*DIRECTIONS FOR THIS TASK*
Search the entries for the word "module". Copy each line in which it is found.

[Stored items]
--*--
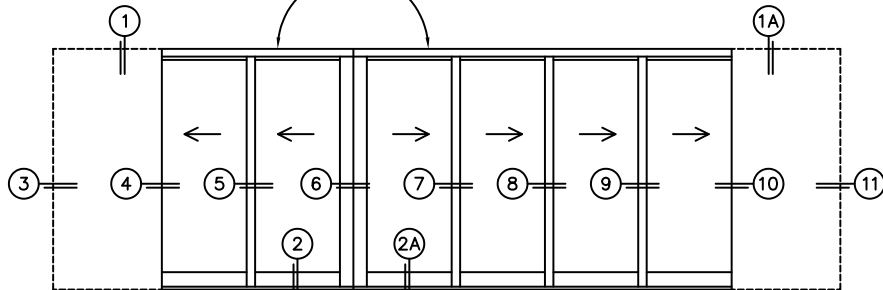

CALCULATED VALUES (FLEETWOOD SUPPLIED)

D (POCKET WIDTH)	
E (NET FRAME WTH)	
F (POCKET WIDTH)	
G (NET FRAME WTH)	

NOTES:

(USE RULER TO SCALE DIMENSIONS IN INCHES)

SCALE: 1/4

PXXIXXXXP DOOR SHOWN

FLEETWOOD
WINDOWS & DOORS
FleetwoodUSA.com

NORWOOD 3070EX M/S
90°PXX-XXXXP STANDARD CONFIG.
WITH SCREENS

ORDER NO.:

ITEM NO.:

(USE RULER TO SCALE DIMENSIONS IN INCHES)

SCALE: 1/8

*CAUTION: WHEN CONSTRUCTING POCKET NOTE THAT DAYLIGHT WIDTH DOES NOT INCLUDE 1" SET BACK FOR POST INTERLOCKER.
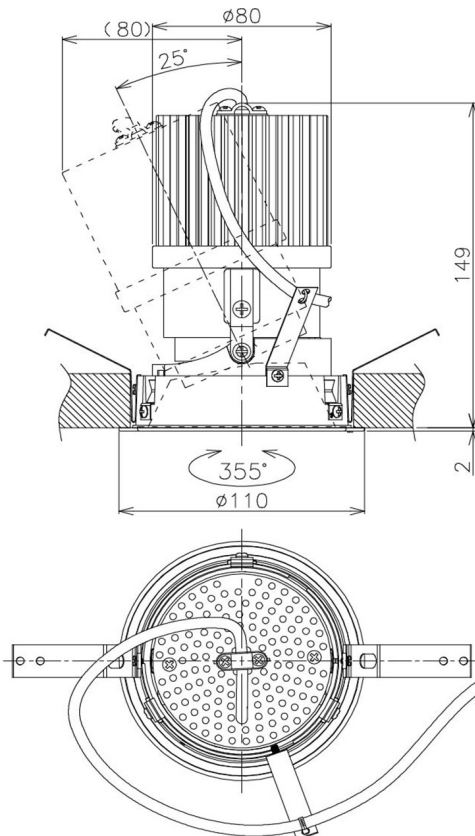

Item no. DD105-2515DB9040

Series Name:  $\Phi$ 100 Lens type Adjustable downlight, Antiglare

With Dark Mirror Reflector

Installation	Recessed mount
Type	
Fixture wattage	24.3W
Beam angle	17 deg
Color Temp.	4000K
CRI	Ra>90
Luminous	2060 lm
Body	Die-cast aluminum alloy
Body finish	N/A
Trim finish	Black
Reflector finish	Dark Mirror
IP Rate	IP20
Light source	COB module
Input Voltage	AC220~240V
Dimming Type	Non-Dimmable
Certificate	CE, CCC
Cut Hole	100mm

Height (Weight)	
31.8W	152 (0.9kg)
24.3W	152 (0.9kg)
21.0W	115 (0.8kg)
14.0W	115 (0.8kg)
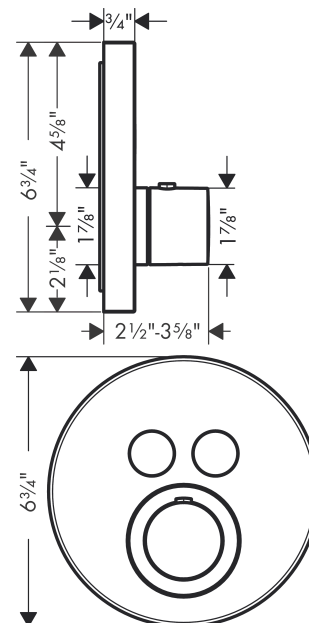

Item details

List Price \$ 1,598.00

Technology

Compliance

Product image

Scale drawing

AXOR ShowerSelect
Thermostatic Trim Round for 2 Functions
 Finishes : **brushed nickel** Part no. : **36723821**

Exploded drawing

Year of production: >01/16

AXOR ShowerSelect
Thermostatic Trim Round for 2 Functions
 Finishes : **brushed nickel** Part no. : **36723821**

Spare parts list

Year of production: >01/16

Pos.	Description	Part no.	Price	PU
1	non return valve (pressure-resistant up to 2 MPa)	92594000	-	1
2	non return valve	97980000	-	1
3	noise reduction	94073000	-	1
4	O-ring 16x2	98133000	-	1
5	O-ring 36x2	98156000	-	1
6	set of screws	96525000	-	1
7	shut off unit	95758000	-	1
8	nut	98368000	-	1
9	Select-adapter	92219000	-	1
10	O-ring 16x2,5	98134000	-	1
11	thermostat cartridge	98282001	-	1
12	O-ring 20x1,5	98197000	-	1
13	O-ring 25x1,5	98146000	-	1
14	O-ring 25x2,5	92146000	-	1
15	nut	98913000	-	1
16	holder for escutcheon	98793000	-	1
17	set of fixing screws	96454000	-	1
18	sleeve	92546820	-	1
19	safety set for temperature control	97334000	-	1
20	escutcheon Ø 170 mm	92643821	-	1
21	set of symbols	92544610	-	1
22	O-Ring 48x3	95508000	-	1
23	adapter for handle	98701000	-	1
24	handle for thermostat	92534820	-	1
25	nut and flange	92696000	-	1
26	fit-up aid	92540000	-	1
27	extension 25 mm	13595000	-	1
28	set of fixing screws	97747000	-	1
29	extension 22 mm (Ø 170 mm)	13596820	-	1
a	compensation set 1°	95521000	-	1
b	Grease	90920000	-	1
c	symbol head shower Rain large	93571610	-	1
d	symbol head shower Rain small	93572610	-	1
e	symbol handshower	93573610	-	1
f	symbol Flood jet	93574610	-	1
g	symbol Whirl	93575610	-	1
h	symbol Mono	93576610	-	1
i	symbol tub	93577610	-	1
j	symbol body shower	93578610	-	1
k	symbol ON/OFF	93579610	-	1
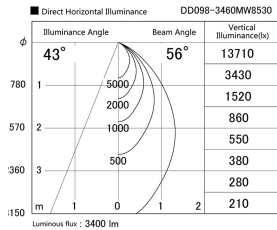

Item no. DD098-3460MW8530

Series Name: Φ 150 Spark

| | |
|------------------|-------------------------|
| Installation | Recessed mount |
| Type | |
| Fixture wattage | 33.8W |
| Beam angle | 43 deg |
| Color Temp. | 3000K |
| CRI | Ra>85 |
| Luminous | 3402 lm |
| Body | Die-cast aluminum alloy |
| Body finish | N/A |
| Trim finish | White |
| Reflector finish | Mirror |
| IP Rate | IP20 |
| Light source | COB module |
| Input Voltage | AC220~240V |
| Dimming Type | Non-Dimmable |
| Certificate | CE, CCC |
| Cut Hole | 150mm |

| Height (Weight) | |
|-----------------|-------------|
| 65.3W | 152 (1.5kg) |
| 48.5W | 152 (1.5kg) |
| 44.3W | 132 (1.3kg) |
| 33.8W | 132 (1.3kg) |
| 30.3W | 132 (1.3kg) |
| 23.0W | 102 (1.0kg) |
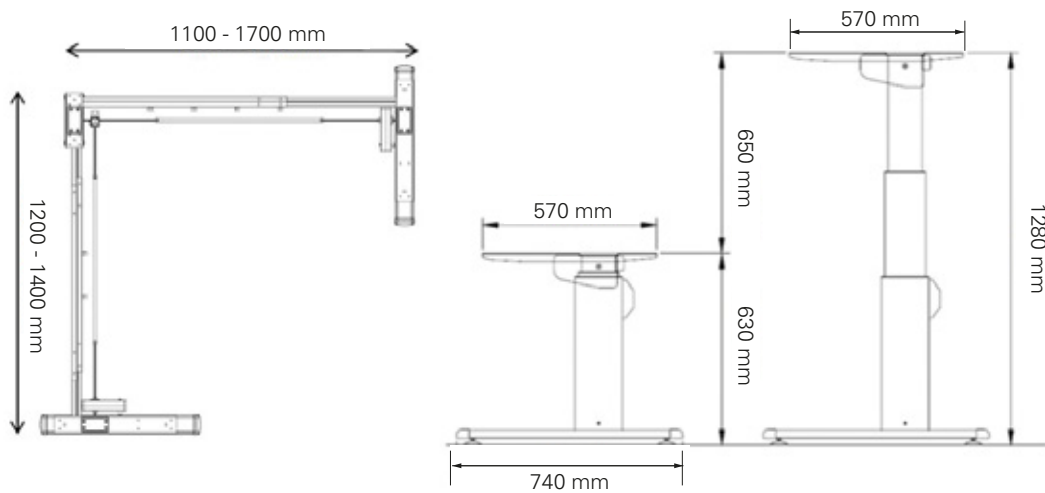

Aluforce Pro 251 M 90°

Dual step, sit-stand height electrically adjustable

Height (mm)	min. 630 / max. 1280
Stroke (mm)	650
Speed (mm/s)	28
Width main unit (mm)	min. 1100 / max. 1700
Width ancillary unit (mm)	min. 1200 / max. 1400
Length of feet (mm)	740
Dynamic capacity (kg)	80
Noise dB(A)	<50
Power	100-240 Vac / standby (W) 0,21
Plug type	Replaceable
Gross Weight (kg)	43

Legs and feet made of powder-coated aluminium.
Top supports and crossbars made of powder-coated steel.

Surface colour

Pure Silver ●

Purchase code

P430Y30A230102EU-SG

Packing dimension single unit

1180 x 350 x 200 (LxWxH - mm)

Packing dimension pallet (15 frames)

1140 x 1120 x 1100 (LxWxH - mm)

Accessories

Please see the accessories section to personalise your height adjustable frame.

VISIONLIFT
INSIDE

actiforce
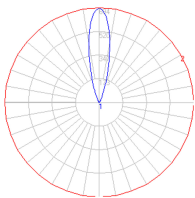

Dimensions

Packaging

Boxes

Light distribution

Indirect

Luminaire weight

N/A

Red = Max Cd. Through Vertical plane
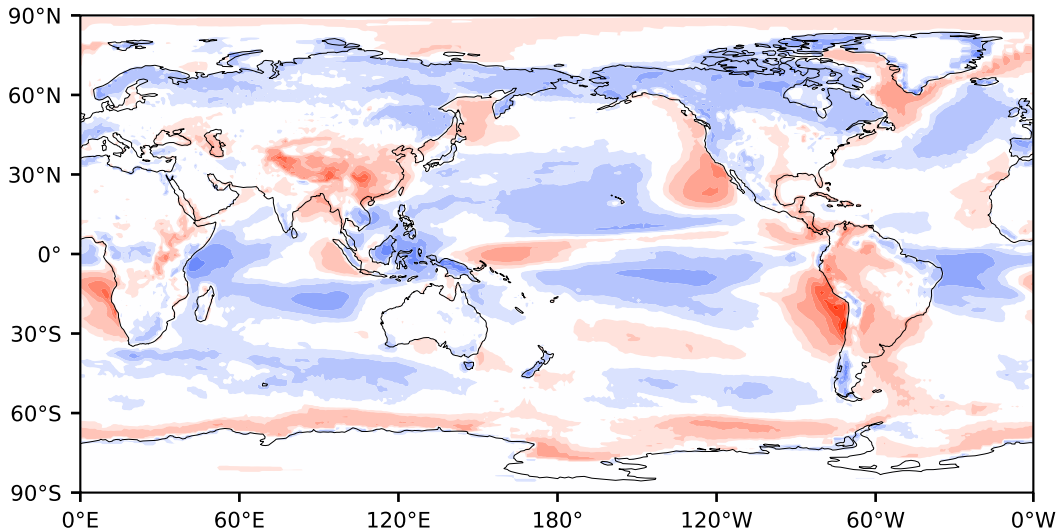

Model - Observations

Max 83.73
Mean -1.44
Min -54.24

RMSE 10.60
CORR 0.87
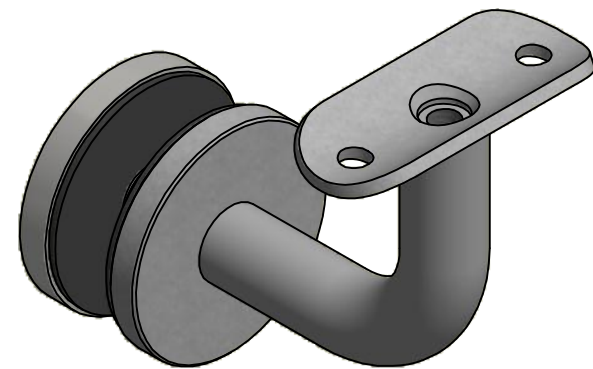

2

1

PARTS LIST

ITEM	QTY	PART NUMBER	DESCRIPTION
1	1	WR3900D	HANDRAIL, BRACKET WALL MOUNT DISK, 1.9 in
2	1	RB3412P.4	Handrail Bar Bend, Stainless Steel, 5/8 Inch Diameter Bar, For 1.66 OD Pipe
3	1	GB3387K	HANDRAIL BRACKET GLASS MOUNT ADAPTER ASSY, SS, 1.90 DIA

B

B

A

REVISION HISTORY

REV	DESCRIPTION	DATE	APPROVED
1	CHANGED GLASS ADAPTER KIT TO GB3387K	2/11/2021	

A

TOLERANCE X.X.....= ± .060 X.XX.....= ± .030 X.XXX.....= ± .010 XX°.....= ± 1° UNLESS OTHERWISE NOTED	MATERIAL:	304 Stainless		
	FINISH:	#4	DATE:	2/11/2021
	WEIGHT:	N/A	DRAWN BY:	K. Turdo
			REVISION:	-
		DESCRIPTION:	Handrail Bracket, Stainless Steel, Glass Mount, 2-3/8 Inch From Glass to Center of Handrail, Round Saddle, Kit	
		ITEM NUMBER:	GB34120.4	
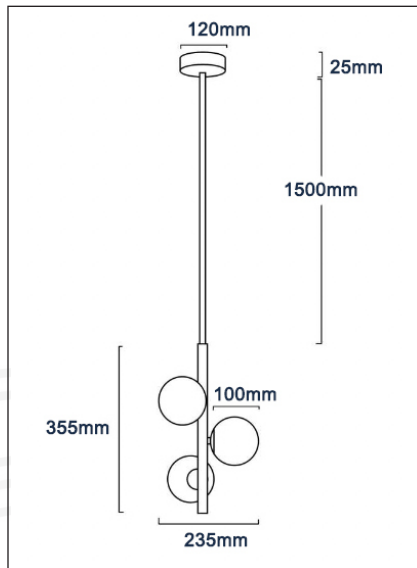

BLOSSOM

3 LIGHT VERTICAL PENDANT

The Blossom Slim is our newest addition to the blossom range, taking the original blossom concept and flipping it vertically.

Characterised by its modern contemporary slender design, with mouth blown glass globes positioned around the central body. It's designed to provide gorgeous ambient light, allowing premium features like powder rooms, besides and reading nooks.

SPECIFICATIONS

DIMENSIONS	H355*D235mm (vertical pendant section) Shade: ø100mm
SUSPENSION DROP	Solid rods 1 x 300mm + 2 x 600mm
SHADE	ø100mm
CEILING MOUNT	Surface mounted round D120*H25mm
LAMP HOLDER	G9 (not included) globe dimensions max ø40mm*L100-150mm
BEAM ANGLE	360 °
WATTAGE	42W Max
VOLTAGE	220-240V (can be made to suit international standards)
DIMMABLE	Yes (requires dimming lamp)
IP RATING	IP20 indoor rated
WARRANTY	36 months (Included from date of purchase)
LOCATION/S	Bedside/powder-rooms/reading nooks
WEIGHT	5kg
CARTON QTY	1/1
MATERIAL/S	Hand made metal + opal glass
AVAILABLE COLOURS	Brushed Brass+opal/Black+opal/Black+smoke
NOTES	Glass/metal dimensions may vary slightly due to hand-made process*
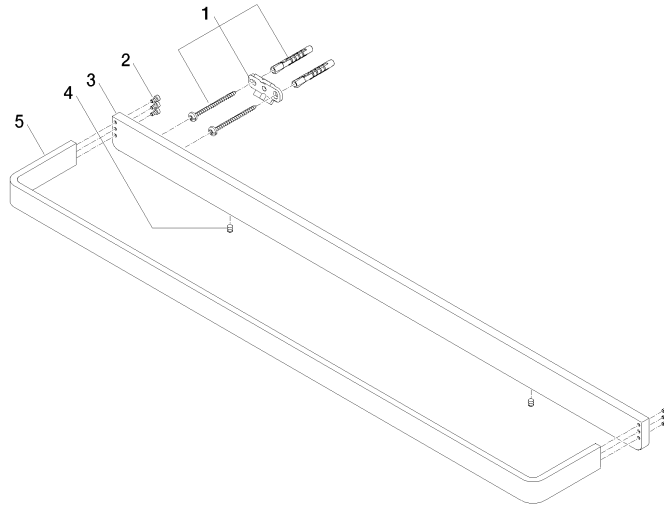

LULU Towel bar - Brushed Platinum

LULU

83 070 710

- gauge 400 mm
- width 704mm
- height 35 mm
- 100mm projection

Brushed Platinum

83 070 710-06

Chrome

83 070 710-00

83 070 710

mm [inches]
M 1:10

83 070 710

Parts for other
finishes can be found
here: [Chrome](#)

LULU Towel bar - Brushed Platinum

LULU

83 070 710

Spare parts list

No.	Item Number	Name	Quantity used	Delivery time
	05 17 20 717 00 90	fixing set	8	2
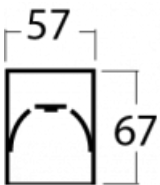

## Technical drawing

Type of installation	Surface
Light distribution	Direct
Luminaire shape	Linear
Colour of the luminaires	White
Material	Aluminium
Lifetime	L90/B50 50 000 hours
Warranty	5 years
Description of luminaires	Luminaire surface
Dimensions (l × w × h mm)	1131 mm × 57 mm × 67 mm
Weight	2.9 kg
Light source	LED MODUL
DIR optical system	Microprisma
Luminous flux*	940 lm
Colour Temperature	4000 K cool white
Luminous efficacy	121 lm/W
MacAdam Light source	2
Colour rendering index	80
UGR max. X=4H Y=8H, $\rho=70,50,20$	18.4
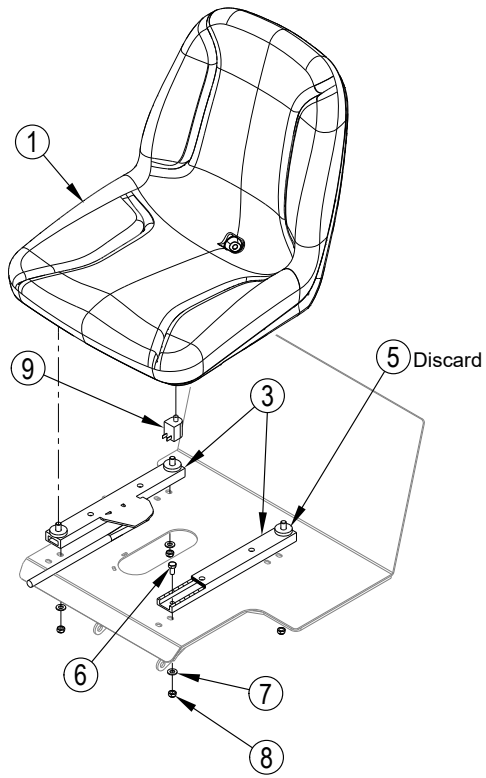

STANDARD SEAT
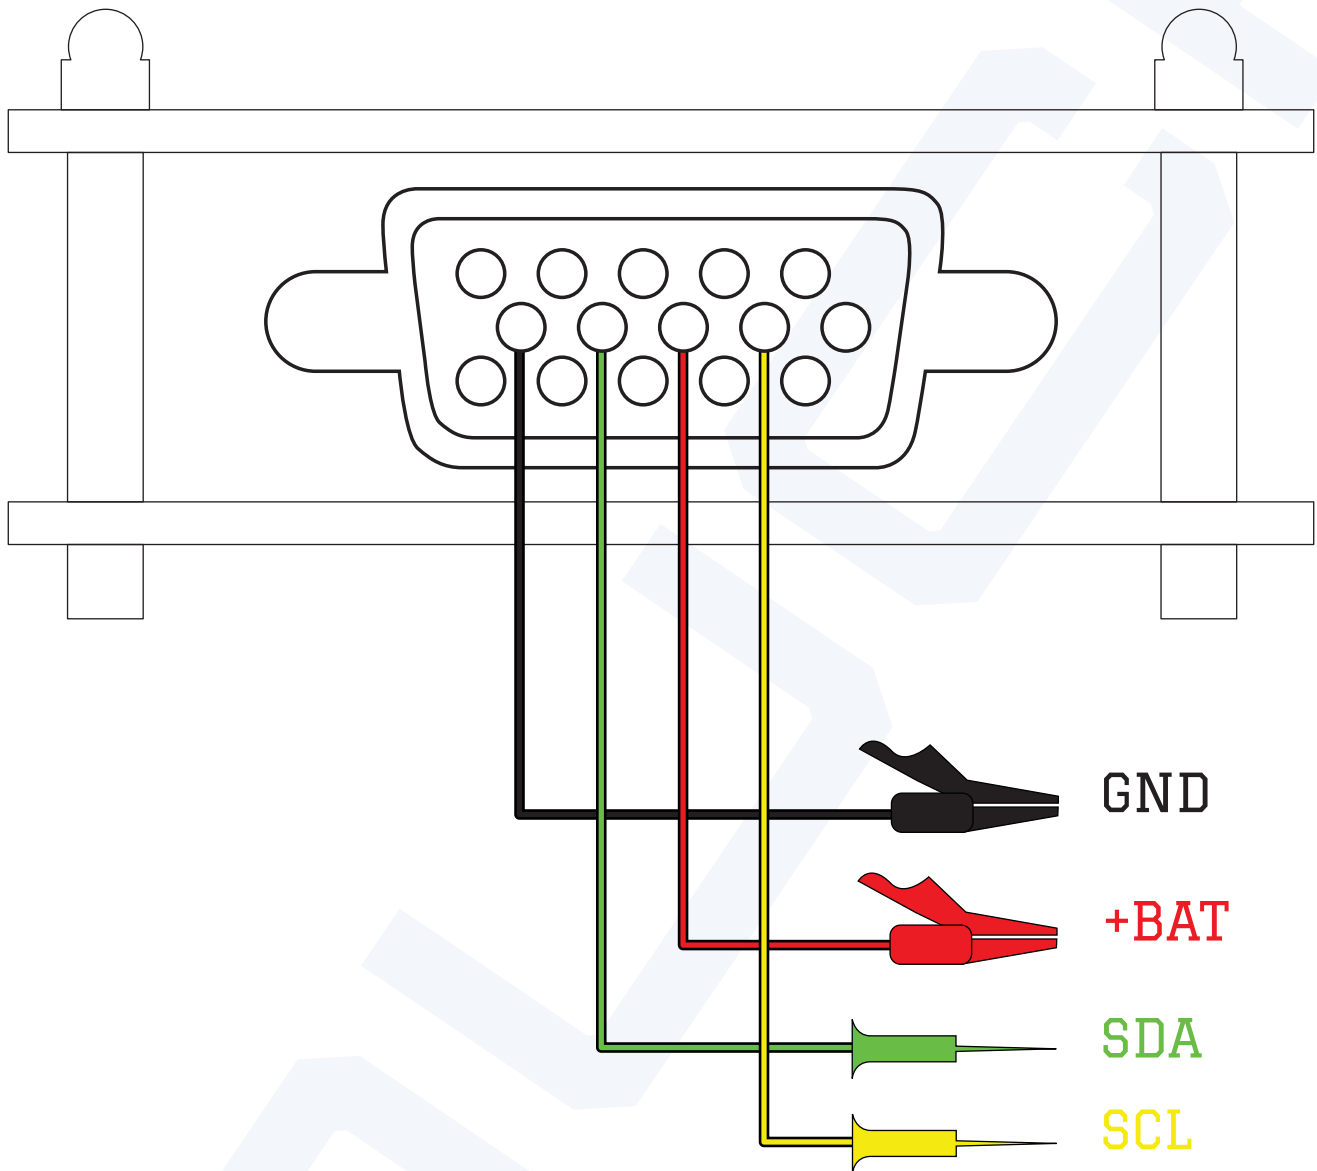

SIMON TOUCH

SRK Renew Key Tool

Remotes Unlocking connections diagrams

Connections on the keys

Connect PCF79xx pins (or Key PCB testpads) to the device according to following picture

To connect to the PCF79xx pins you can use micro test clips (grabbers)
--*--
*ANSWER FOR THE TASK*
Light source	COB module
| Light source | COB module |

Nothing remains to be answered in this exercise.